On the pic’s allegory, Rasoulof said today that he wanted to focus on “the individuals who enable this system to survive. What can justify their motivation, their way of thinking? I endeavored to focus on the psychological damages in the film, the individual needs of these people. How did they get to this point? How did they become enslaved to this system? How do they persuade and contribute to the regime? I tried to create an exemplary character who exemplifies the regime.”

The Seed of the Sacred Fig received the longest standing ovation of this year’s 77th Cannes at 15 minutes in its premiere yesterday. It would not be a shocker if the movie, after Rasoulof’s hard journey here to the Croisette, wins the Palme d’Or tonight.

Rasoulof spoke to Deadline’s Zac Ntim at the festival. Back in Iran, the filmmaker is wanted by authorities who have sentenced him to eight years in prison alongside a series of physical punishments including flogging for “signing statements and making films and documentaries.”
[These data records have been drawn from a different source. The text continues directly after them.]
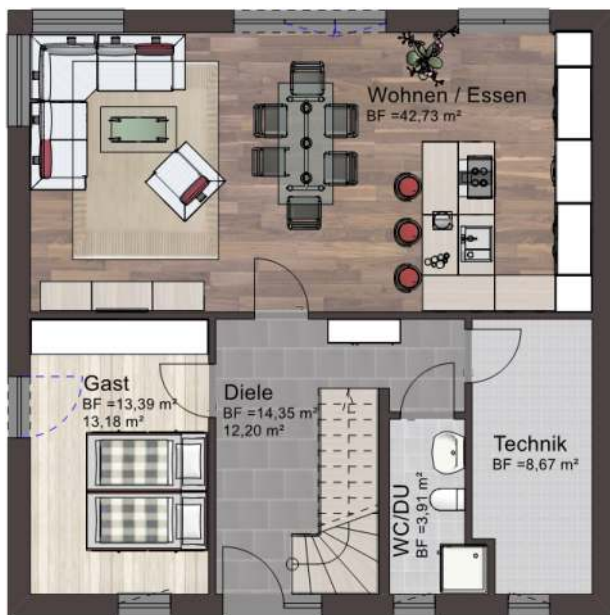

Cube 160 - 0 - M

- Schlüsselfertig
(Malerarbeiten und Bodenbeläge in Eigenleistung)
- Architektenkosten
- Baggerarbeiten
- Bodengrundgutachten
- Bauherrenhaftpflichtversicherung
- Bauleistungsversicherung
- Bauzeitgarantie
- 36,5 cm Ziegel
- Zimmermanns-mässiger Dachstuhl
- unabhängiger Bauleiter
- Blower - Door - Test

- Heizung
Luft - Wasser - Wärmepumpe
Fußbodenheizung im EG u. DG
- Komfort - Bad und Gäste-WC
- inkl. sanitäre Einrichtung
- hochwertige Fliesen m² a 30,-€ in Küche - Bad - WC und Eingangsbereich
- Buche - Vollholztreppe vom Erdgeschoss ins Dachgeschoss
- hochwertige Innentüren
- 3-fach Thermoverglasung
- Fenster inkl. Rollläden

Außenmaße	10,00 m x 10,00 m
Nutzfläche	160 m²
Kniestock	Vollgeschoss
Dachform	Flachdach 0 - 5°

Grundrissänderungen, Erker, Gauben, Anbauten möglich.

Siehe homepage: www.mira-haus.de
Massivhaus - Haus Rubin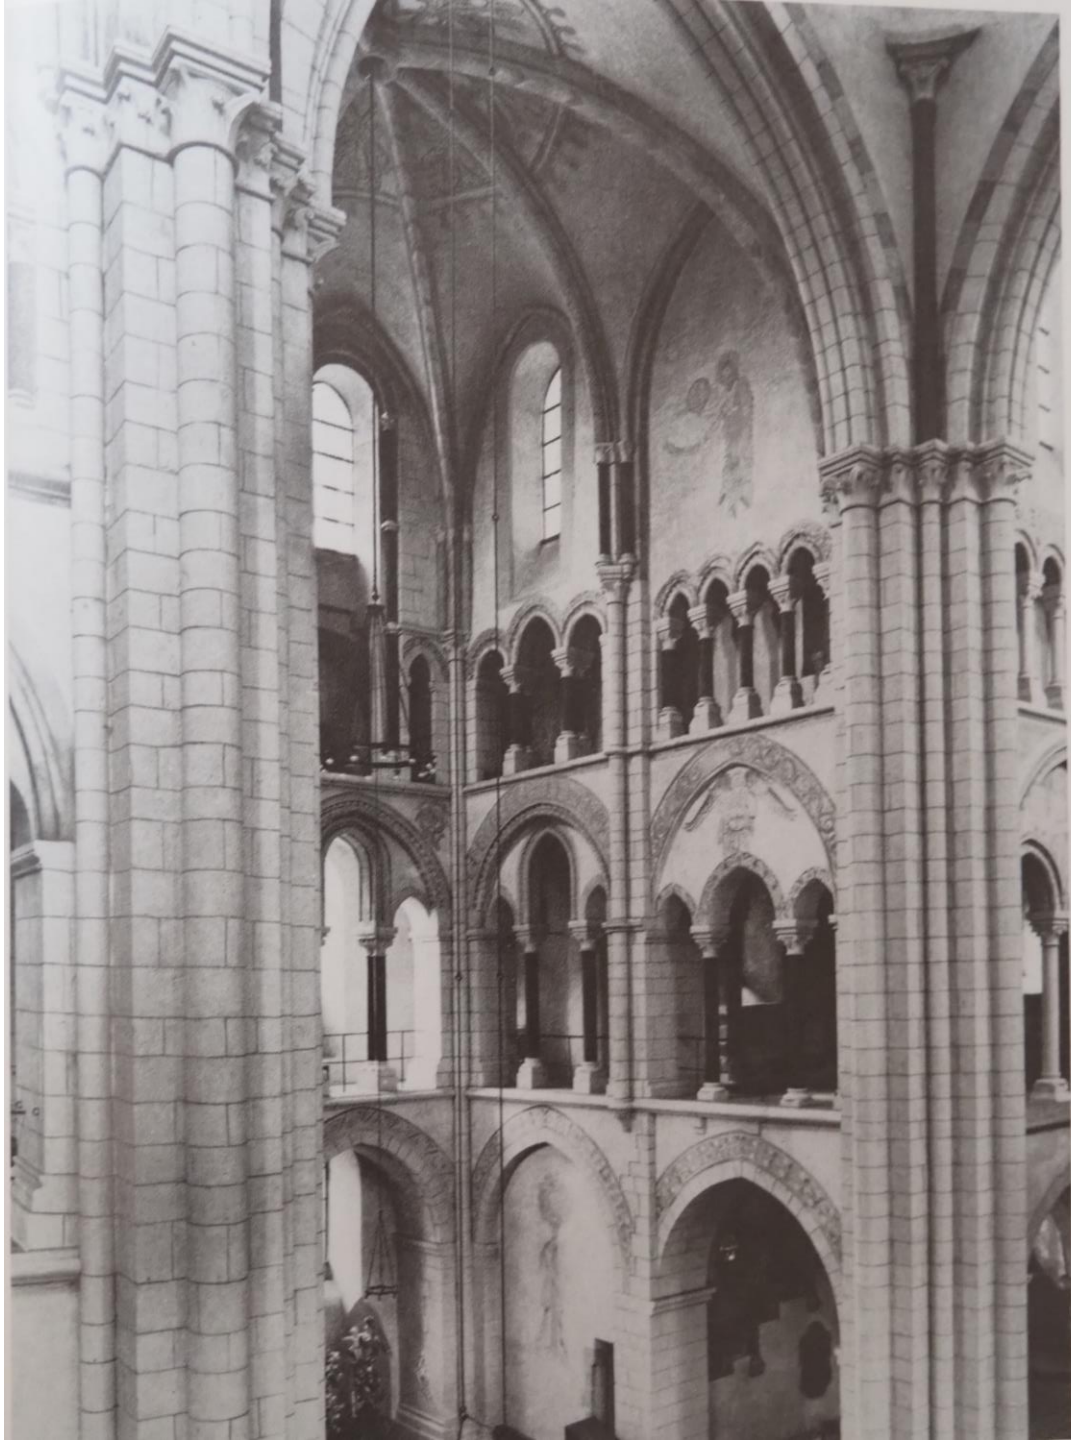

La collégiale de Limburg-an-der-Lahn et  
l'introduction du gothique dans l'espace  
germanique

Fig. 63. Limburg. Südkirche St. Georg. Erdgeschoss-Grundriss.

Laon

Sens

Lausanne

Querschnitt durch das Langhaus (A. Cremer nach H. Stier), M. 1 : 300

Grundriß des äußeren Laufganges (Hubert Stier, 1870) M. 1 : 300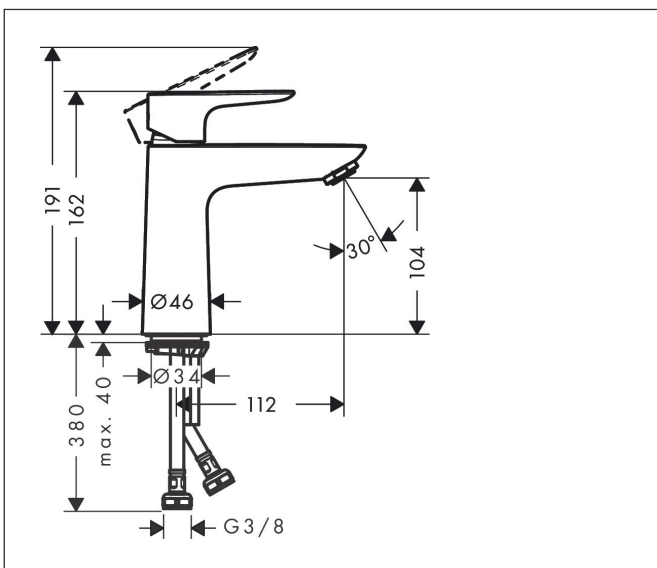

Merk hansgrohe
 Artikelnaam **Talis E** ééngreeps wastafelmengkraan 110 zonder afvoer
 Art.nr. 71712670
 Oppervlakte mat zwart
 Netto prijs 265,96 EUR

Product foto

Kenmerken

- ComfortZone: 110
- voorsprong uitloop 112 mm
- uitloophoogte: 104 mm
- greepvariant: rechte greep
- vaste uitloop
- straalsoort: normale straal
- maximale doorstroomhoeveelheid bij 3 bar: 5 l/min
- keramisch kardoes
- EU taxonomie: max 6l/min - draagt substantieel bij aan duurzaamheid

Maat tekeningen

Technologie

Straalsoorten

Merk hansgrohe
 Artikelnaam **Talis E** ééngreeps wastafelmengkraan 110 zonder afvoer
 Art.nr. 71712670
 Oppervlakte mat zwart
 Netto prijs 265,96 EUR

Stroomschema

Merk	hansgrohe
Artikelnaam	Talis E ééngreeps wastafelmengkraan 110 zonder afvoer
Art.nr.	71712670
Oppervlakte	mat zwart
Netto prijs	265,96 EUR

Explosietekening voor bouwjaar: >06/20

Merk	hansgrohe
Artikelnaam	Talis E ééngreeps wastafelmengkraan 110 zonder afvoer
Art.nr.	71712670
Oppervlakte	mat zwart
Netto prijs	265,96 EUR

Onderdelen voor bouwjaar: >06/20

Pos	Beschrijving	Art.nr.	Prijs
1	greep	92687670	63,34
2	inbusschroef M6x10 DIN 916	96029000	3,12
3	greepstop	95704000	3,12
4	afdekkap	92625670	40,14
5	moer	92689000	21,22
6	O-ring 25x1,5	98146000	4,99
7	O-ring 27x1,5	92527000	8,01
8	kardoes compl.	97685000	54,08
9	dichting	98865000	26,73
10	kardoesadapter	92628000	17,26
11	kardoesadapter	98866000	26,73
12	O-ring 23x2	98398000	3,12
13	perlator M24x1 (5 l/min)	13185670	25,90
14	schroef M8 x 68	97736000	4,99
15	dichting	97608000	4,99
16	schachtbevestigingsset compl.	96016000	26,73
17	aansluitslang 450 mm M8x0,75 G3/8	97206000	26,73
18	O-ring 6,6x1,6	93019000	3,12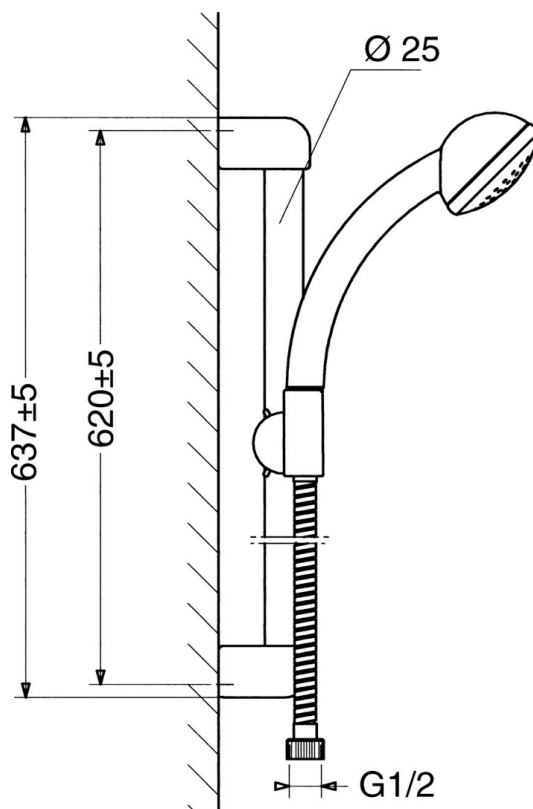

EAN: 4015474062160  
[static.hansa.com/04780260](http://static.hansa.com/04780260)

- Solutions de douche
- Montage mural
- Chrome

## Caractéristiques techniques

### Caractéristiques techniques

Alimentation en eau chaude	max. +65°C
Pression de service	0.5-10 bar

### SP04780260

	Nom	Code
2	Support mural Arrêté	59911859
2.1	Douille entretoise Arrêté	59911860
3	Curseur pour barre Arrêté	59906763
3.1	Knob Arrêté	59910553
4.1	La partie intérieure Arrêté	59911439
4.2	Tête de douche	59906859
5	Flexible, L=1250 Arrêté	59911863
5	Flexible Arrêté	59911862
5.1	L'anneau d'étanchéité, d 21x12x2	59912304
6	Support douche	59911864
7	Porte-savon Arrêté	59911861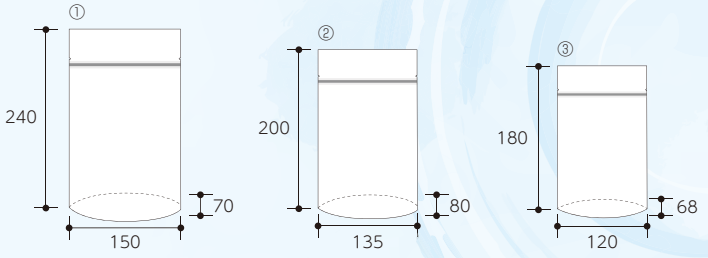

小袋

チャック付スタンド袋 **ヤ** **小口** **小** **バラ** **小**

品番	品名	サイズ	入数	重量	品番	入数	品番	入数
①19-718S	夏	150×70×240	2,000	6.5g	①19-718SX	500	①19-718SXX	100
②19-719S	S 夏	135×80×200	2,000	5g	②19-719SX	500	②19-719SXX	100
③19-720S	SS 夏	120×68×180	2,000	3.5g	③19-720SX	500	③19-720SXX	100

●材質:PE-PET

Rasoulof was in the middle of shooting Seed of the Sacred Fig when his prison sentence was confirmed. He plotted an escape which took 28 days, getting the assistance of “youthful people” at the border who assisted. After crossing he was taken to a German consulate soon after, the filmmaker having lived there before, where they were able to identify him as Rasoulof wasn’t carrying docs. The filmmaker made the movie on with a small crew sans professional equipment for if authorities were to ever raid his office, they’d take everything.

“The existence of my film was learned by several people and the secret service were to arrest other members of the team. Do I want to be in prison? Or should I leave Iran and join the cultural Iran that exists beyond its border? I opted for the second, it took me two hours to make the decision,” the director further added at the conference.

Rasoulof told his team that “even if I was arrested, it was absolutely necessary for them to keep working on it. Fortunately everything went well. A few days after the New Year, I was told that my sentence was upheld and yet I still had a week left before the sentence was implemented.”

The director had more words of wisdom for the younger generation of Iran, in particular aspiring filmmakers: “Don’t be afraid of intimidation of censorship in Iran. They’re totally incapable of reigning, they have no other weapon other than terror. Don’t fear the authorities. Believe in your liberty.”

Rasoulof is currently working on a stop motion animation project.